▽

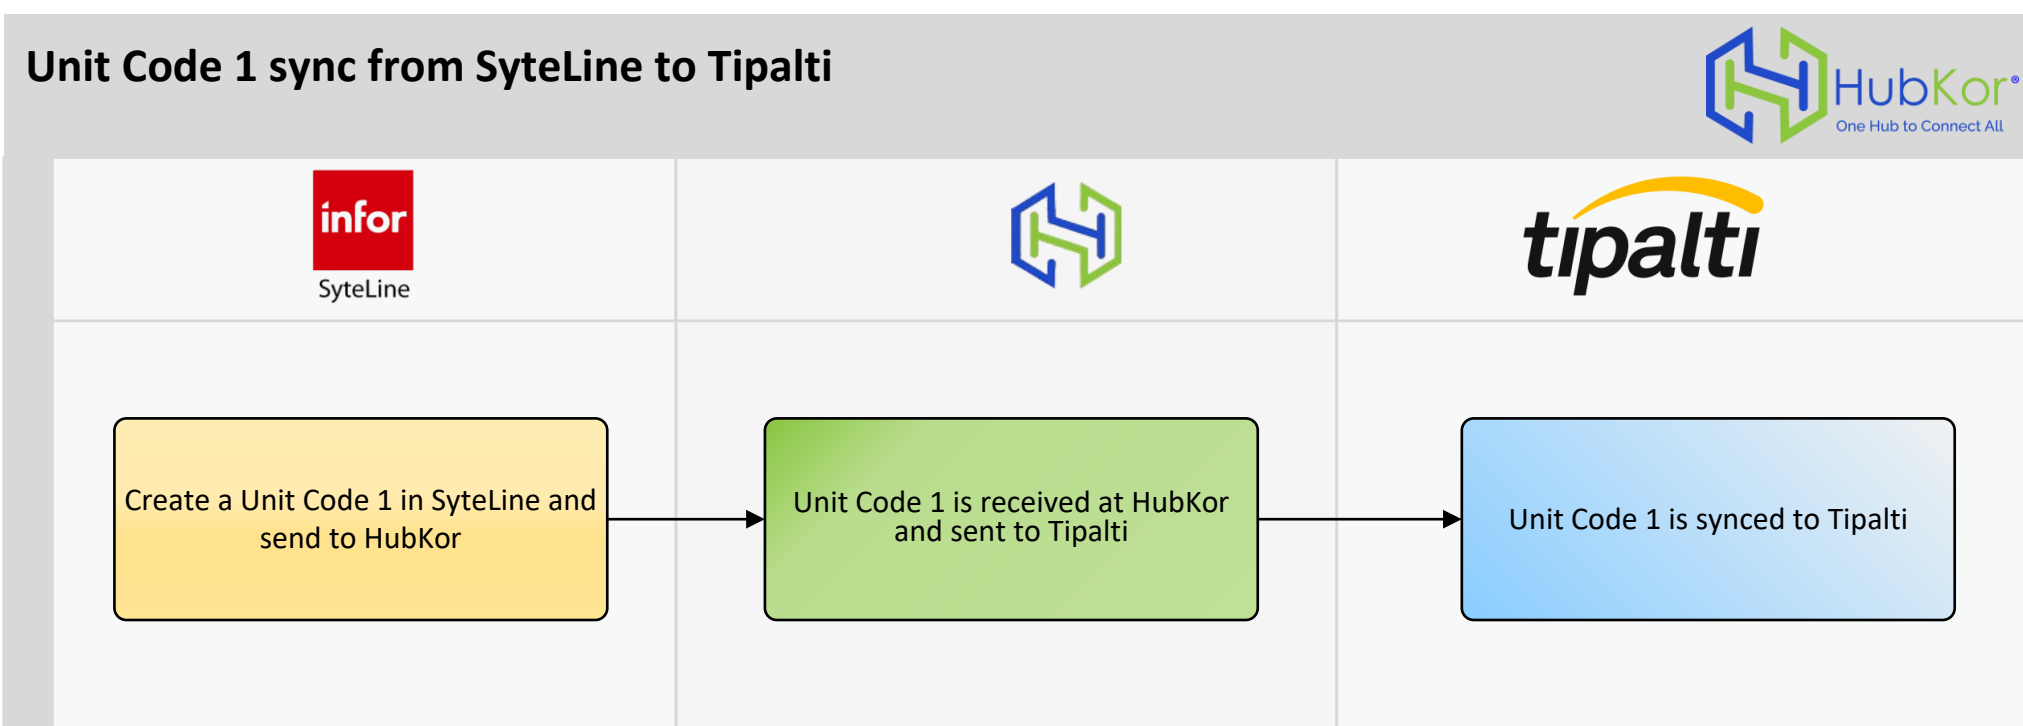

Unit Code 1 sync from SyteLine to Tipalti

Unit Code 2 sync from SyteLine to Tipalti

Unit Code 3 sync from SyteLine to Tipalti

Unit Code 4 sync from Syteline to Tipalti

Legend

△

■ **TASK**:
Output all the entries exactly, minus any pictures.

■ **YOUR SOLUTION**:
Unit Code 1 sync from SyteLine to Tipalti

Unit Code 2 sync from SyteLine to Tipalti

Unit Code 3 sync from SyteLine to Tipalti

Unit Code 4 sync from Syteline to Tipalti

Legend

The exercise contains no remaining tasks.